Work required: Return the data word for word. Pictures are to be omitted.

Task inputs:
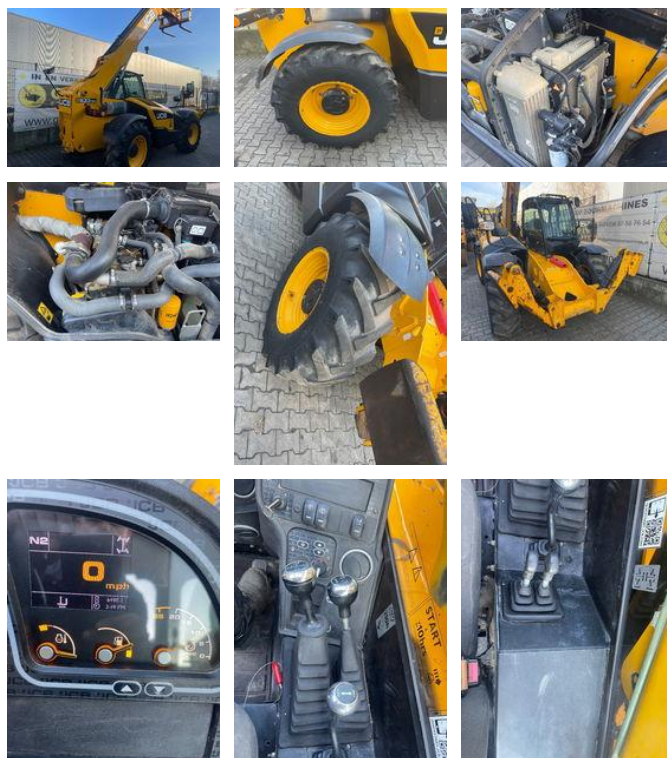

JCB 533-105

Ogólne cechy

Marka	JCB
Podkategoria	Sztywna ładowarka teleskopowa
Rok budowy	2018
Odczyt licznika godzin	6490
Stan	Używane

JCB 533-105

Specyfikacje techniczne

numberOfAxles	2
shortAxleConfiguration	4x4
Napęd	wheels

Completed task:
JCB 533-105

Ogólne cechy

Marka	JCB
Podkategoria	Sztywna ładowarka teleskopowa
Rok budowy	2018
Odczyt licznika godzin	6490
Stan	Używane

JCB 533-105

Specyfikacje techniczne

numberOfAxles	2
shortAxleConfiguration	4x4
Napęd	wheels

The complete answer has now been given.